Assigned task: Below is a block of entries; repeat exactly the lines starting at the line that contains "Channel 113 (6515MHz)" and ending at the line that contains "Channel 229 (7095MHz)", both included.

--- --- ---

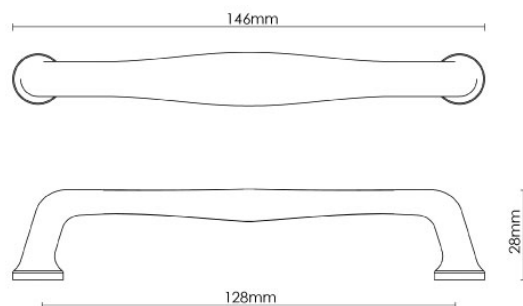

# CROFT

**Product Code:** MC003

**Product Name:** Mineral Cabinet Handle - Jade Gloss

**Description:** Each Mineral cabinet handle has its own individual, colour-bearing veins giving a uniqueness to every item.

## Product Information

A limited edition collection, minimum order value applies.

L

146mm

Available in all Croft finishes excluding AGD, AB, AN, AUT, DAB, DAN, DBMA, DORB, IBMA, IBUL, LAB, MBK, ORB, PRL, PB, PBUL, CP, PN, RBMA, SB, SBUL, SC, SN, SMK, TB, ZB,
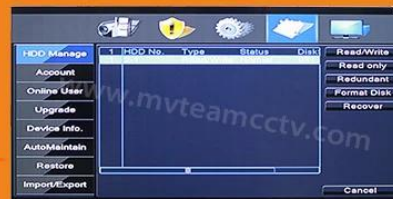

[Küçük boyutu 8 1080 p DVR 6708H80P kanalları](#)

**[Lütfen fiyat listesi şimdi!](#)**

Adopt Newest HiSilicon  
Chipset

New humanized  
User Interface

System come with  
28 kinds of languages

Adjustable DVR  
menu transparency

Support backup video  
records to DVR built-in  
redundant HDD

Support playback different  
time period video records in  
one screen, save time on find  
useful video records

5-in-1 hybrid modes:  
AHD+TVI+CVI+CVBS+IP

DVR menu with Ping command, convenient to do  
DVR network testing

With UTC Function, control  
analog camera and PTZ camera  
on DVR thru coaxial cable

Support P2P remote view  
by CMS and IE browser

Come with cloud ID, easy to  
realize P2P remote view  
by scan the QR Codes
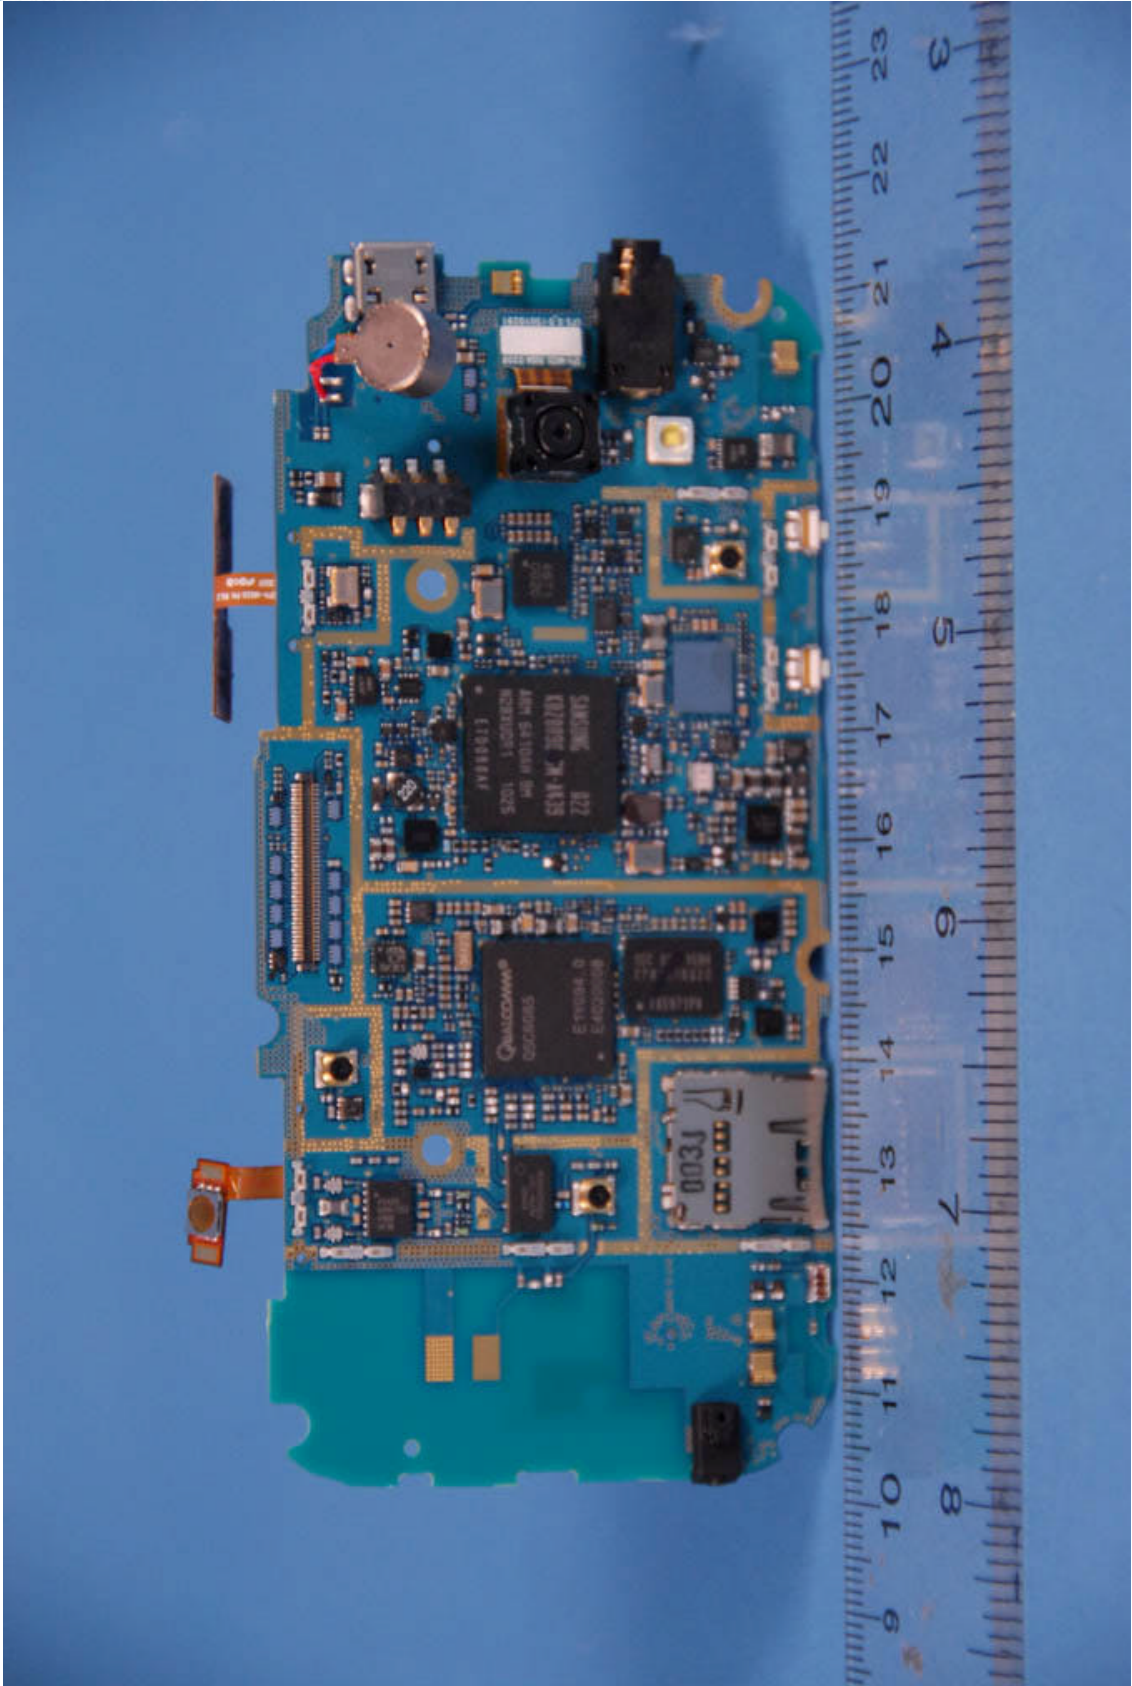

INTERNAL PHOTOGRAPHS

	<p>Samsung Electronics Co. Ltd. FCC ID: A3LSPHM920</p>	<p>Model: SPH-M920</p>
<p>Internal Photos</p>	<p>EUT Type: Cellular/PCS CDMA/EvDO Phone with BT and WLAN</p>	<p>Page 1 of 9</p>

	<p>Samsung Electronics Co. Ltd. FCC ID: A3LSPHM920</p>	<p>Model: SPH-M920</p>
<p>Internal Photos</p>	<p>EUT Type: Cellular/PCS CDMA/EvDO Phone with BT and WLAN</p>	<p>Page 2 of 9</p>

	<p>Samsung Electronics Co. Ltd. FCC ID: A3LSPHM920</p>	<p>Model: SPH-M920</p>
<p>Internal Photos</p>	<p>EUT Type: Cellular/PCS CDMA/EvDO Phone with BT and WLAN</p>	<p>Page 3 of 9</p>

	<p>Samsung Electronics Co. Ltd. FCC ID: A3LSPHM920</p>	<p>Model: SPH-M920</p>
<p>Internal Photos</p>	<p>EUT Type: Cellular/PCS CDMA/EvDO Phone with BT and WLAN</p>	<p>Page 4 of 9</p>

	<p>Samsung Electronics Co. Ltd. FCC ID: A3LSPHM920</p>	<p>Model: SPH-M920</p>
<p>Internal Photos</p>	<p>EUT Type: Cellular/PCS CDMA/EvDO Phone with BT and WLAN</p>	<p>Page 5 of 9</p>

	<p>Samsung Electronics Co. Ltd. FCC ID: A3LSPHM920</p>	<p>Model: SPH-M920</p>
<p>Internal Photos</p>	<p>EUT Type: Cellular/PCS CDMA/EvDO Phone with BT and WLAN</p>	<p>Page 6 of 9</p>

	Samsung Electronics Co. Ltd. FCC ID: A3LSPHM920	Model: SPH-M920
Internal Photos	EUT Type: Cellular/PCS CDMA/EvDO Phone with BT and WLAN	Page 7 of 9
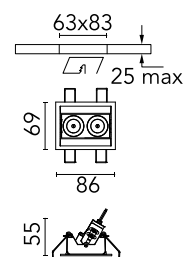

FLOS

05.1415.40A White/Copper

Light Shadow Adjustable Trim 2 Spots Optic Medium NEW

Designed by FLOS Architectural

Recessed integrated luminaire with 2 LED lighting spots. Remote power supply included (220-240V).

Are you a professional and your project needs consulting and support?

[BOOK AN APPOINTMENT](#)

Main specifications

Mounting	Ceiling recessed
Environments	Indoor dry location
LED type	Power LED
Lamp category	LED
Number of heads	1
Power (W)	7
System flux (lm)	419

Physical

Colour	White/Copper
Trim	Yes
Orientation	Adjustable
Longitudinal tilting (°)	30
Recessed depth (mm)	75
Length (mm)	86
Net weight (kg)	0.25
Package height (mm)	16
Package width (mm)	14
Package length (mm)	21
IP internal	20

Schematic light drawing

Ecodesign and Energy Labelling

Replaceable (LED only)
light source by a
professional

Replaceable control
gear by a professional

Photometric

Lighting type	Direct
Light distribution	Symmetric
CCT (K)	3000
CRI>	90
LED Life / Failure Ratio	L80B50
Beam angle C0-180 (°)	20
Beam angle C90-270 (°)	20
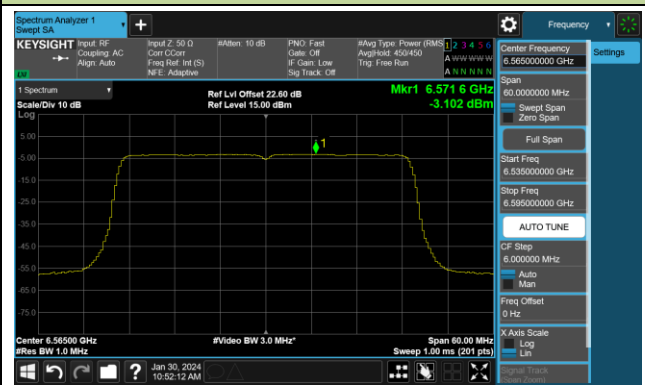

Channel 105 (6475MHz)

Channel 113 (6515MHz)

Channel 117 (6535MHz)

Channel 153 (6715MHz)

802.11be-EHT20 Power Spectral Density- Ant 3 (Nss = 4)

Channel 181 (6855MHz)

Channel 185 (6875MHz)

Channel 189 (6895MHz)

Channel 213 (7015MHz)

Channel 229 (7095MHz)

802.11be-EHT40 Power Spectral Density- Ant 3 (Nss = 4)

Channel 3 (5965MHz)

Channel 51 (6205MHz)

Channel 91 (6405MHz)

Channel 99 (6445MHz)

Channel 107 (6485MHz)

Channel 115 (6525MHz)

Channel 123 (6565MHz)

Channel 147 (6685MHz)
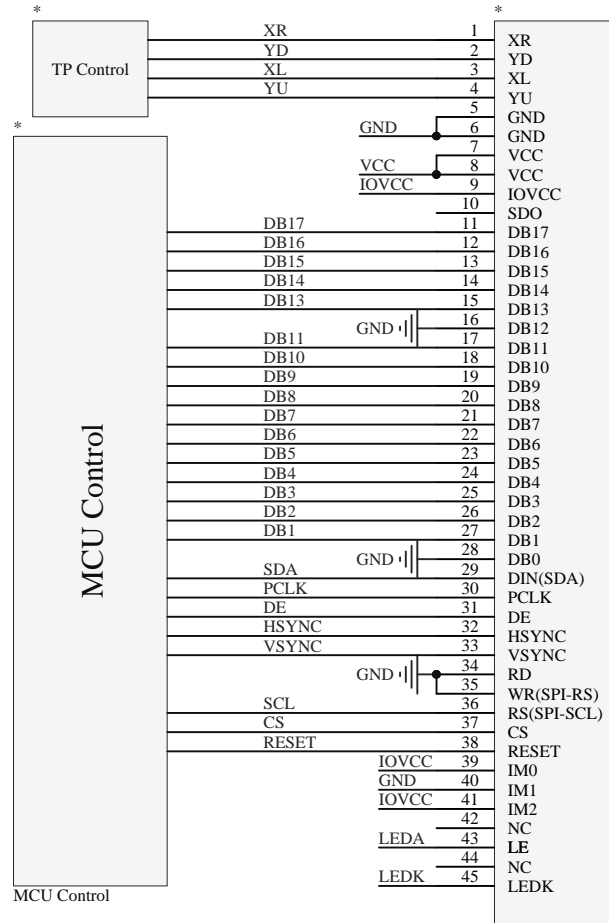

E35RK-T-XW120-CB 3 SPI 16 BIT RGB

DISCLAIMER	PROPRIETARY AND CONFIDENTIAL
DO NOT SCALE OFF THIS DRAWING. All dimensions are given in good faith and believed to be correct. These drawings are for general presentation purposes only. No responsibility can be taken with any errors found by measuring off this drawing. The Focus LCDs PDF drawing should be referenced as the master file.	THE INFORMATION CONTAINED IN THIS DRAWING IS THE SOLE PROPERTY OF FOCUS DISPLAY SOLUTIONS, INC. ANY REPRODUCTION IN PART OR AS A WHOLE WITHOUT THE WRITTEN PERMISSIONS OF FOCUS DISPLAY SOLUTIONS, INC. IS PROHIBITED

Model Name: E35RK-T-XW120-CB	
General Tol:	±0.3
Approvals	Date
DWN:	
CHK:	
APP:	

FOCUS LCDs
LCDs MADE SIMPLE®

Drawing No.:	Scale:
Size:	Unit: mm
Page: 1/1	
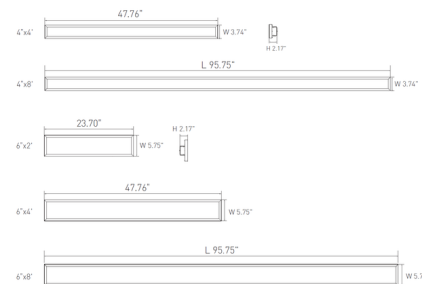

Lightology

lightology.com
866-954-4489
07-11-26

Project: _____
Company: _____
Location: _____ Fixture Type: _____
SPEC #: **OKT1165656**
Approved On: _____ Approved By: _____

Color Select Slim Linear Light

By OKT Lighting

Description

The Color Select Recessed Slim Linear Light offers clean lines and ample illumination for offices, schools, hospitals, warehouses and many other settings. Available in a 2, 4 and 8 foot lengths. Integral driver. Color temperature (CCT) can be set to 3000K, 3500K, or 4000K. Wattage is adjustable for the 6 in x 2 ft light (10W, 15W, or 20W) and 4 in x 4 ft light (20W, 30W, or 40W). Note: Can be surface mounted (ultra-thin) or recessed and strategically placed throughout the space to create pleasing illumination in rows or individual placement, providing the flexibility to adapt to the changing needs of the space or environment. Works with most ceiling types which will be your go-to-choice for offices, schools, hospital, corridor light industrial spaces or anywhere stylish lines of light are desired.

Specifications

COLOR	N/A
BODY FINISH	Alpine White
WATTAGE	40W
DIMMER	0-10V
DIMENSIONS	47.76"L x 3.74"W x 2.17"H
INTEGRATED LED MODULE	1 x LED/40W/120-277V LED

Technical Information

LAMP LIFE	50000 hours
COLOR RENDERING	80 CRI
LAMP COLOR	CCT Select
LUMENS/WATT	85.00
LUMINOUS FLUX	3400 lumens

Shown in alpine white

CLICK TO VIEW PRODUCT

Notes:
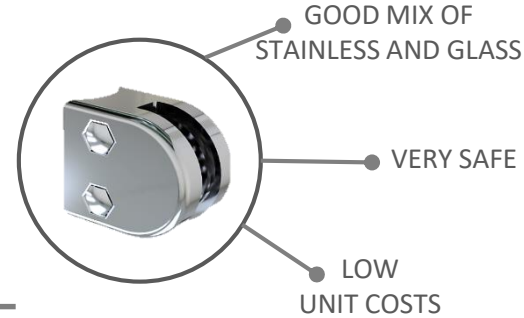

RESIDENTIAL

RESIDENTIAL

stainless
design

Stainless Steel & Glass Balustrades

GLASS LINE

Specification: Pressure Brackets

1. Material- Stainless Steel 304/316
2. Each unit up to 1200mm
3. Polished finish
4. For glass up to 8mm and then 10-12mm
5. Various options handrail
6. Can be used without handrail for pools
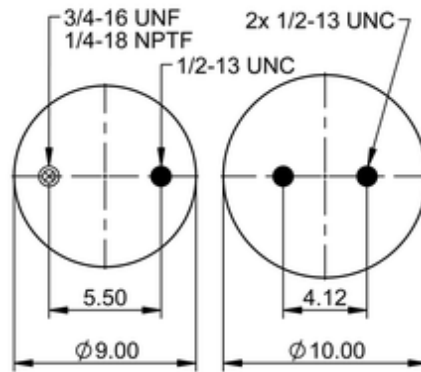

9 10-17.5 P 733
64670

	14.9 lb
	9308663
	1/2-13 UNC: max. 35 lbf ft
	1/4-18 NPTF: max. 22 lbf ft
	3/4-16 UNF: max. 50 lbf ft

Cross-reference

Automann	1DK23P-P733
----------	-------------

OE Manufacturer/Part No.
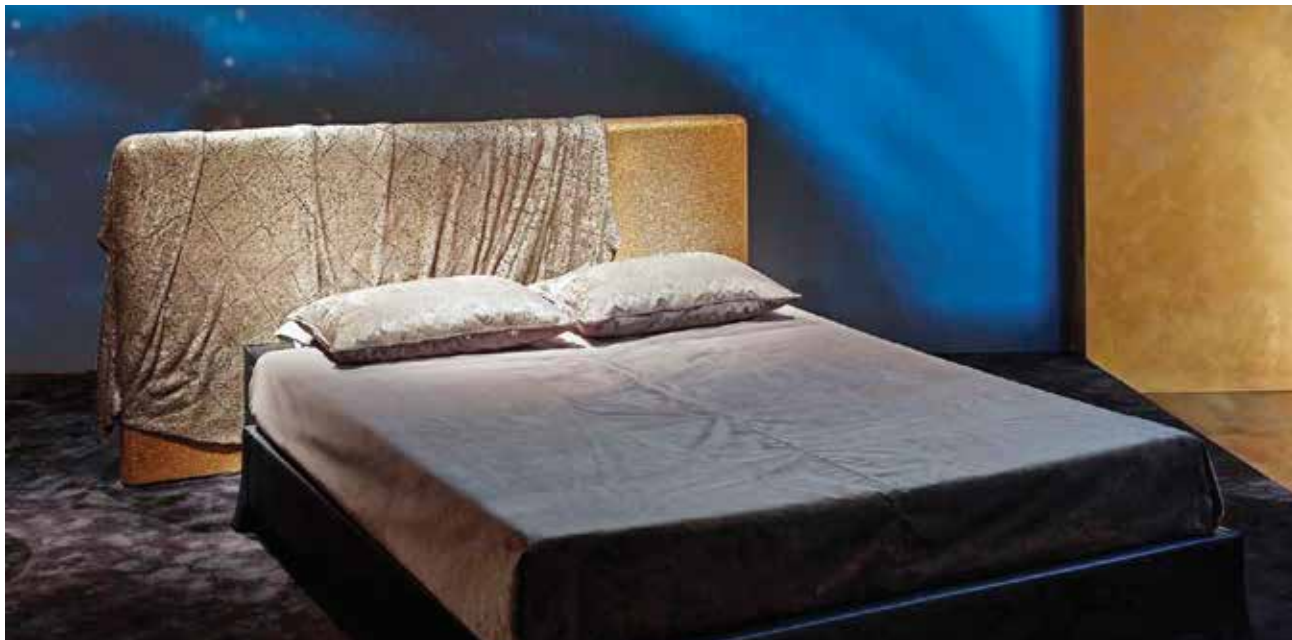

mosaic **BEDROOM** applications

artREDEFINED

A dreamy bedroom is a sanctuary where you can finally recharge. Thankfully, in the last few years, mosaic art has become a popular art form. Nowadays, there are plenty of mosaic design ideas you can use to have you living on cloud nine again in no time, with a soothing, inspiring and regenerative night's sleep within your grasp! Mosaic art will add an exclusive accent and a synchronous dreamy character to your bedroom. This art form is sure to reveal a richly imaginative and artistic history, to establish a refined style throughout your room, visibly guaranteeing absolute splendor.

BEDROOM applications

BEDROOM applications

Pandora Fine Mosaics is Granix's mosaic application brand and proudly offers Sicis products in addition to its own collection.

DISCLAIMER: Granix is an authorized dealer and installer of Sicis products. Granix and its related companies/entities and brands proudly offer to sell and install Sicis products. Granix may offer to install client's own purchased products and guide them to order their own designs. However, Granix does not offer to duplicate or copy Sicis' or any other companies' designs to any customer. Granix is not responsible for any or all copyright issues of installing or handling customer's or third party's products/orders.

--- --- ---

Expected output:
Channel 113 (6515MHz)

Channel 117 (6535MHz)

Channel 153 (6715MHz)

802.11be-EHT20 Power Spectral Density- Ant 3 (Nss = 4)

Channel 181 (6855MHz)

Channel 185 (6875MHz)

Channel 189 (6895MHz)

Channel 213 (7015MHz)

Channel 229 (7095MHz)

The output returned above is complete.